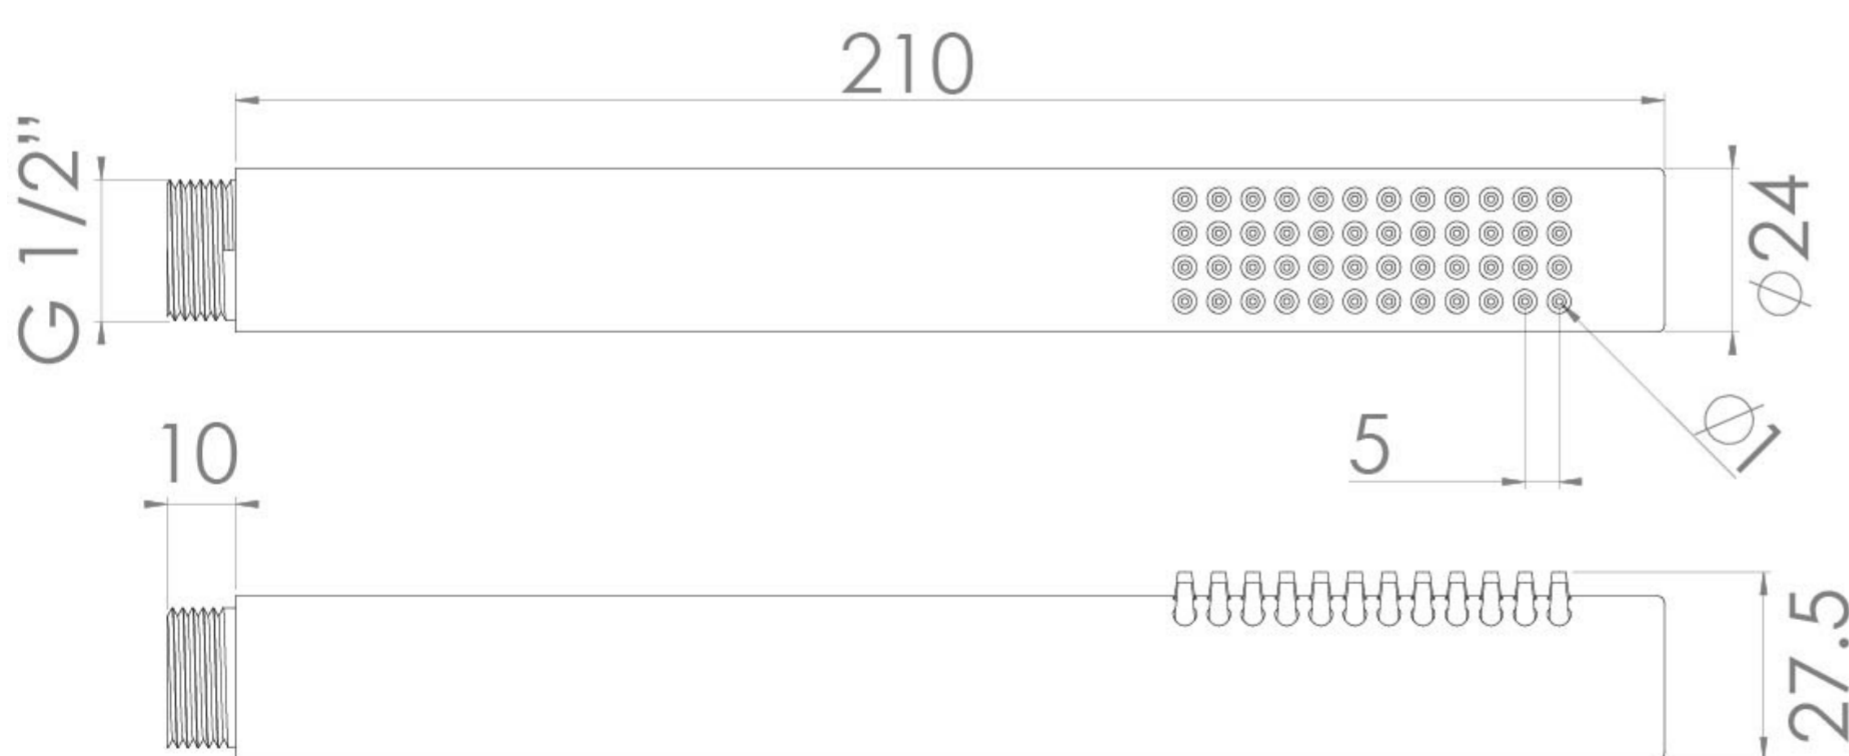

COS SLIM ROUND SHOWER HANDSET - MATTE BLACK

PRODUCT INFORMATION

Finish:	Matte Black (Electroplated)
Height:	210mm
Width:	24mm
Depth:	27.5mm
Material	Brass
Weight	0.2kg
Approvals/Standards	WRAS
Guarantee	5 years

Product Code: CO230.MB

DESCRIPTION

The COS collection was designed to create brassware that was both modern and classic to suit any style of bathroom.

This COS handset in matte black has a slim design that will make your shower set up feel ultimately minimalist and modern. Pair it with our COS outlet elbow & holder in addition to a shower head, or on its own with a slider shower rail.

TECHNICAL DRAWING

FLOW RATE

- 0.5 Bar - Flowrate: 4 l/min
- 1 Bar - Flowrate: 6.5 l/min
- 2 Bar - Flowrate: 13.8 l/min
- 3 Bar - Flowrate: 17.8 l/min
- 4 Bar - Flowrate: 19.3 l/min
- 5 Bar - Flowrate: 21.2 l/min

┄┄┄┄┄┄

From the line that contains "The COS collection" through the final line of the entries above, every line must be reproduced exactly and nothing more.

The COS collection was designed to create brassware that was both modern and classic to suit any style of bathroom.

This COS handset in matte black has a slim design that will make your shower set up feel ultimately minimalist and modern. Pair it with our COS outlet elbow & holder in addition to a shower head, or on its own with a slider shower rail.

TECHNICAL DRAWING

FLOW RATE

- 0.5 Bar - Flowrate: 4 l/min
- 1 Bar - Flowrate: 6.5 l/min
- 2 Bar - Flowrate: 13.8 l/min
- 3 Bar - Flowrate: 17.8 l/min
- 4 Bar - Flowrate: 19.3 l/min
- 5 Bar - Flowrate: 21.2 l/min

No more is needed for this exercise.